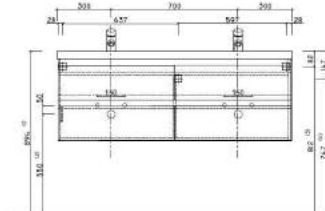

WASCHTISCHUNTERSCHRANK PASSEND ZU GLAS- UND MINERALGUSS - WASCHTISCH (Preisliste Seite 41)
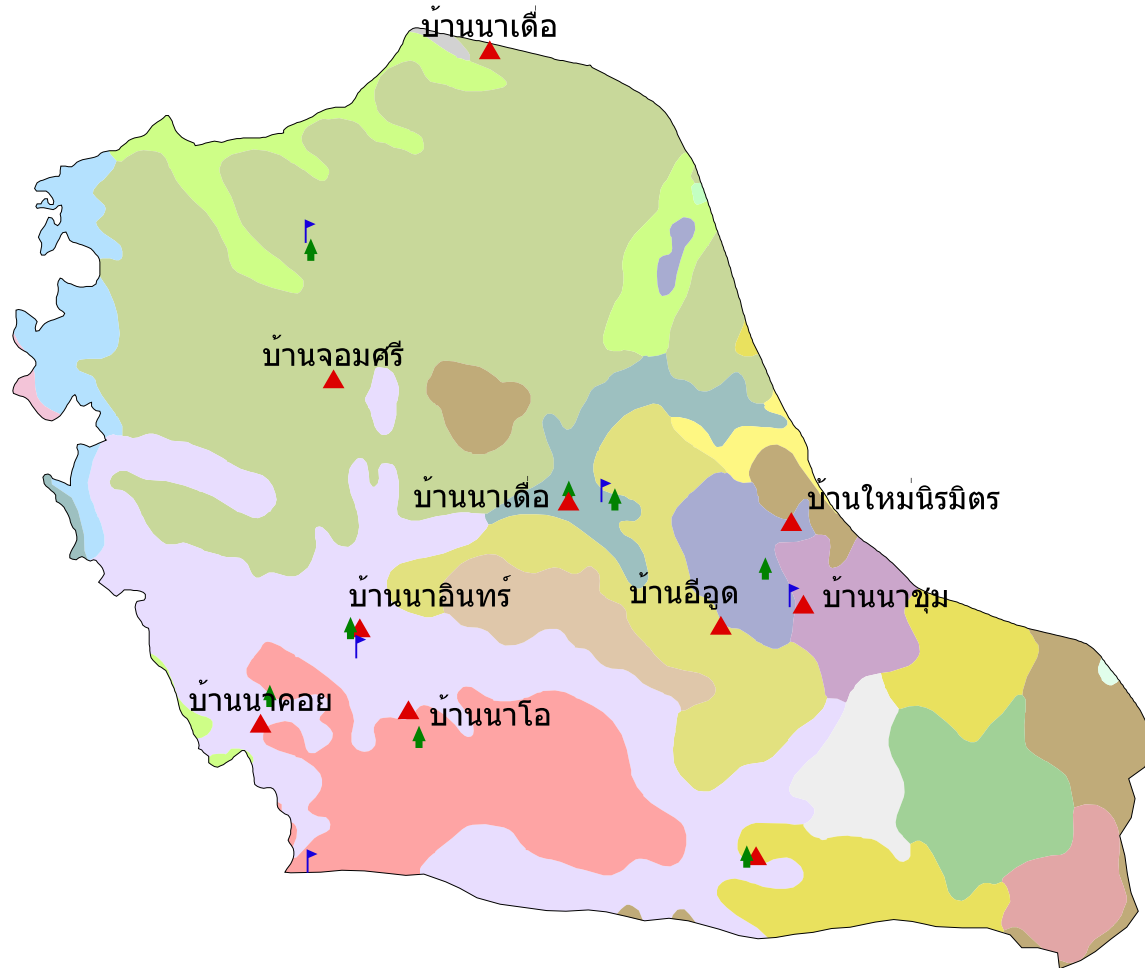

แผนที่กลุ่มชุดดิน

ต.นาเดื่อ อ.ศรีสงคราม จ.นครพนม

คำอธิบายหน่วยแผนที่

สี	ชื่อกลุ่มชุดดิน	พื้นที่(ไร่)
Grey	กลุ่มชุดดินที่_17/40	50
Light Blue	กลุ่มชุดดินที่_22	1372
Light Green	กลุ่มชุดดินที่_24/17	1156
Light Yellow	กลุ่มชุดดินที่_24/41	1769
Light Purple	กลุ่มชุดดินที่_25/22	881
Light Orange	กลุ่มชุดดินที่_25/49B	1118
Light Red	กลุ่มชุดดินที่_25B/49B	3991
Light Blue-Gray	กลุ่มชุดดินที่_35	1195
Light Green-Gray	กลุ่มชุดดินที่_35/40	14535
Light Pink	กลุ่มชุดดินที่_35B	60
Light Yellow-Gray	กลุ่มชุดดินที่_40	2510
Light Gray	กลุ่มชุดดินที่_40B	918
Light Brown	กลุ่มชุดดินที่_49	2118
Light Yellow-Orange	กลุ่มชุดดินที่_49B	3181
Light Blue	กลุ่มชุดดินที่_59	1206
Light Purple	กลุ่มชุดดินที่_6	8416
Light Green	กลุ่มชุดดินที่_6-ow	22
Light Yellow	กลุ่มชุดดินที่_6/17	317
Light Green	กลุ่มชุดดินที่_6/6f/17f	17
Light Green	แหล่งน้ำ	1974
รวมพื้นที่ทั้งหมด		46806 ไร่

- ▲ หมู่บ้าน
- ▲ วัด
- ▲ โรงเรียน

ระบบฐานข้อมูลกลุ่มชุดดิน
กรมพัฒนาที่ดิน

※

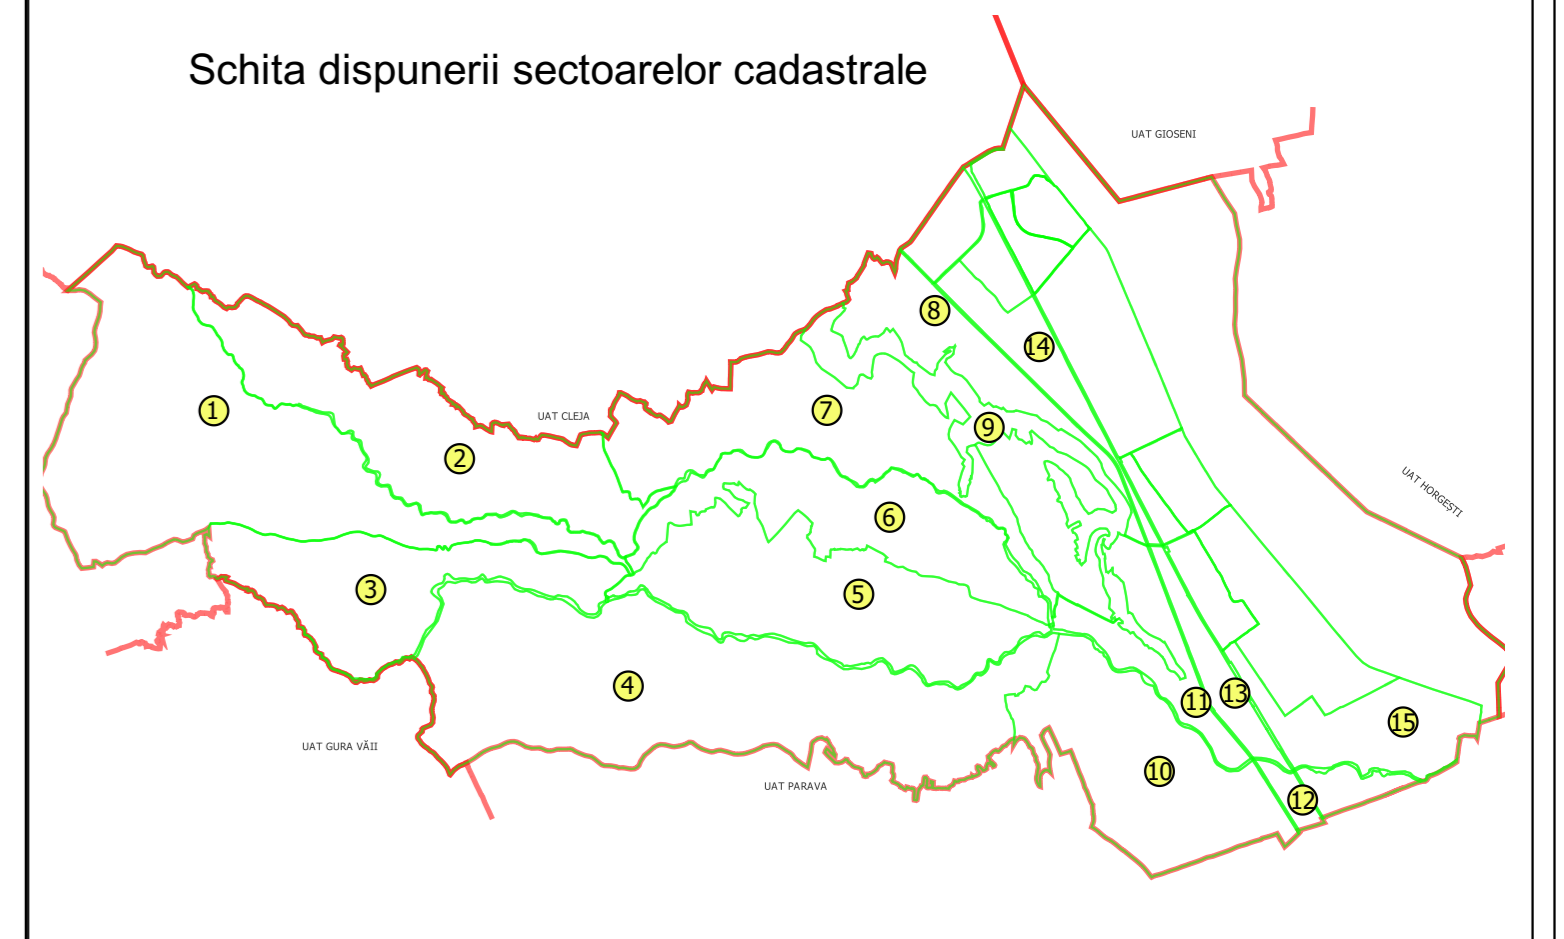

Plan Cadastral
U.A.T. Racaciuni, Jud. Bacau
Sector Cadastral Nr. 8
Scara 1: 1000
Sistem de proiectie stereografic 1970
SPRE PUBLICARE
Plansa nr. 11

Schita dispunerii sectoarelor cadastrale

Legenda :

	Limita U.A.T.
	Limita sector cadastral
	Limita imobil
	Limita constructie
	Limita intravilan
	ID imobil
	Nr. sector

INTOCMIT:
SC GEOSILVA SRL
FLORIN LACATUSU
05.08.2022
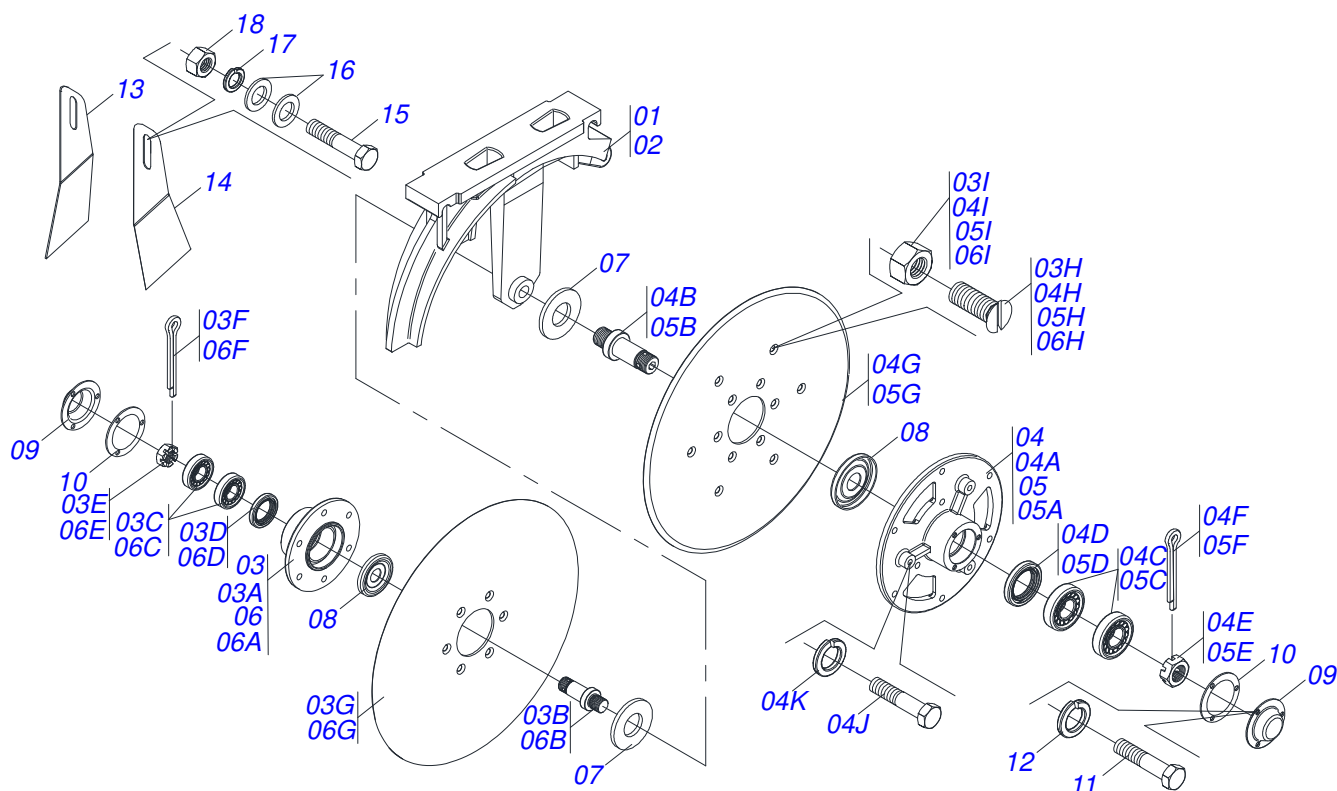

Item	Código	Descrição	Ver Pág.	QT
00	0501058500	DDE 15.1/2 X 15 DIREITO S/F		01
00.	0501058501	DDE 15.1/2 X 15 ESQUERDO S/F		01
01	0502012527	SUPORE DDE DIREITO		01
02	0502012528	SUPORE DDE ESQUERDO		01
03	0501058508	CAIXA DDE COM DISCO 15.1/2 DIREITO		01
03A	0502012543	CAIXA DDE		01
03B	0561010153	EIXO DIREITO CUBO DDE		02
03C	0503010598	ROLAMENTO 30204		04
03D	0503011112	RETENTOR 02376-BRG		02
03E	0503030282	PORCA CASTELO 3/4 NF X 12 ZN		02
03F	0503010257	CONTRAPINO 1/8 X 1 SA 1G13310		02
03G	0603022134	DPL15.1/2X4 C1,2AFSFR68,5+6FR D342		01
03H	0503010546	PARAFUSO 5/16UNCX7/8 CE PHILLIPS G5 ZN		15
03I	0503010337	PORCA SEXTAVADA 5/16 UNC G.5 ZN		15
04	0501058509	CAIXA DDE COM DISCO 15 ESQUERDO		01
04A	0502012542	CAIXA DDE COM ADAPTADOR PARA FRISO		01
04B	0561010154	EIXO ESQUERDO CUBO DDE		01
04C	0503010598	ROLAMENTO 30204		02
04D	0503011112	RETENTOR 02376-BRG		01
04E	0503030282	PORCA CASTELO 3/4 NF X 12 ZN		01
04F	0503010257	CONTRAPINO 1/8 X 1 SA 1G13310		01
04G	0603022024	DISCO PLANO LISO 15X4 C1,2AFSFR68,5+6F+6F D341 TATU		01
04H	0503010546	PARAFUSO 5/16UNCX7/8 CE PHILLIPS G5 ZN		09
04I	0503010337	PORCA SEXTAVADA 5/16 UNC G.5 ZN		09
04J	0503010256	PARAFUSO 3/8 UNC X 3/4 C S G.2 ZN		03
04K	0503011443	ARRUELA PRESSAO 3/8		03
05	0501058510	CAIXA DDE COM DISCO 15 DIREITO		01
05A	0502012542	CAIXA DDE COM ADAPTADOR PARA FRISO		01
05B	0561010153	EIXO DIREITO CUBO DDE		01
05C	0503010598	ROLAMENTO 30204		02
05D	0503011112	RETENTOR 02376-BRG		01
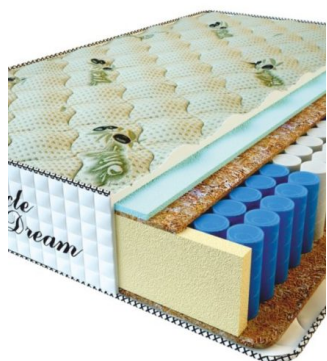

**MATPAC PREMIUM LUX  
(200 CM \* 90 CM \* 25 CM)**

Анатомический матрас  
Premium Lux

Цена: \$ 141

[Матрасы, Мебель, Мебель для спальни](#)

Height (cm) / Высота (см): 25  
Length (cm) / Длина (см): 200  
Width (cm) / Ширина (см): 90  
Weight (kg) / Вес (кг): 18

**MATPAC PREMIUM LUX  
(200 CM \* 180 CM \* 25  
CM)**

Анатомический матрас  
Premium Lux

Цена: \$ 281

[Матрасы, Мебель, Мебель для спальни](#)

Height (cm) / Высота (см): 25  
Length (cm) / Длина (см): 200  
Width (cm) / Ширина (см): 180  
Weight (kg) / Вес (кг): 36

※

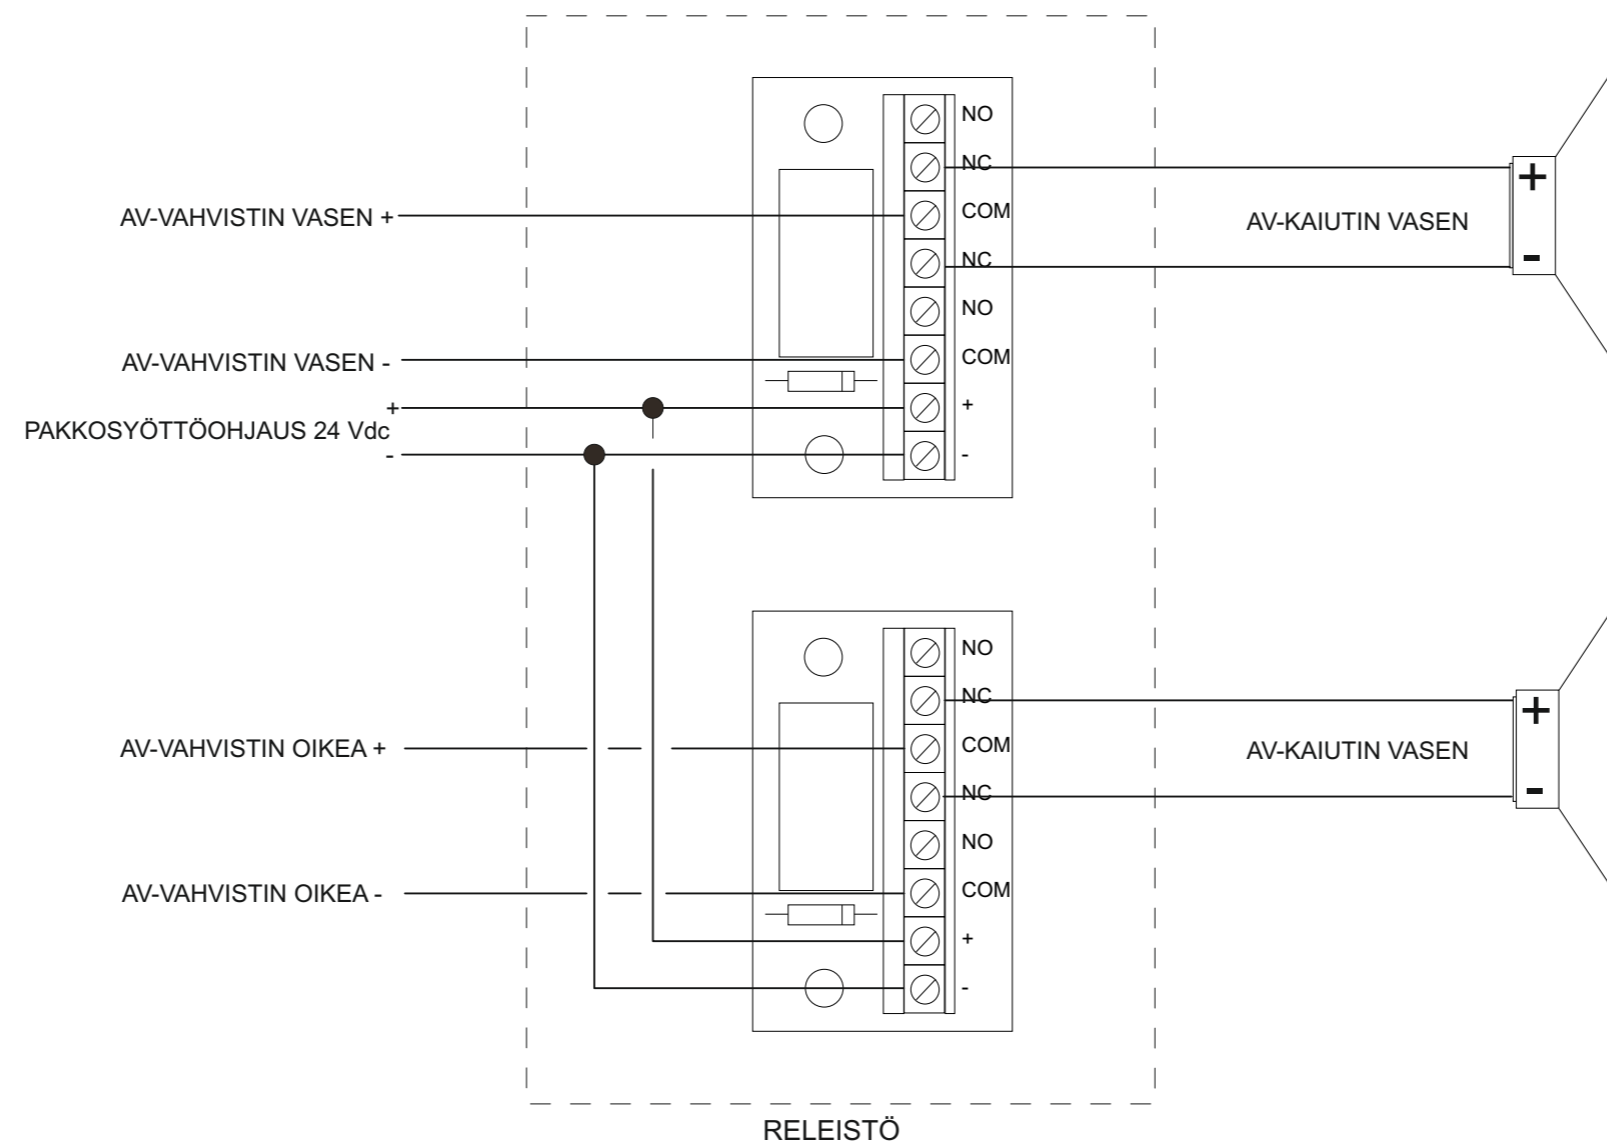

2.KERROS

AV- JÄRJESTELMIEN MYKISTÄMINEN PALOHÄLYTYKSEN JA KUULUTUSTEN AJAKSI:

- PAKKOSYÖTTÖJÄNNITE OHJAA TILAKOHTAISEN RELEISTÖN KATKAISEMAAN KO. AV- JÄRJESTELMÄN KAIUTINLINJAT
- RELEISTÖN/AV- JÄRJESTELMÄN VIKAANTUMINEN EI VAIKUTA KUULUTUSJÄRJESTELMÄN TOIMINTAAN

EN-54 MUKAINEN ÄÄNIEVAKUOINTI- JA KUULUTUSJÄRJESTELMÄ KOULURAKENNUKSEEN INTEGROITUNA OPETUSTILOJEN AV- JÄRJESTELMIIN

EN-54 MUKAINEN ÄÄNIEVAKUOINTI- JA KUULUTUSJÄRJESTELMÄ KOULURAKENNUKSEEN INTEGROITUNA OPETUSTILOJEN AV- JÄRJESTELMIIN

※

=== About this task ===
Retype, exactly and in full, the lines above from the one containing "Цена: \$ 281" through the one containing "Weight (kg) / Вес (кг): 36".

=== Answer area ===
Цена: \$ 281

[Матрасы, Мебель, Мебель для спальни](#)

Height (cm) / Высота (см): 25  
Length (cm) / Длина (см): 200  
Width (cm) / Ширина (см): 180  
Weight (kg) / Вес (кг): 36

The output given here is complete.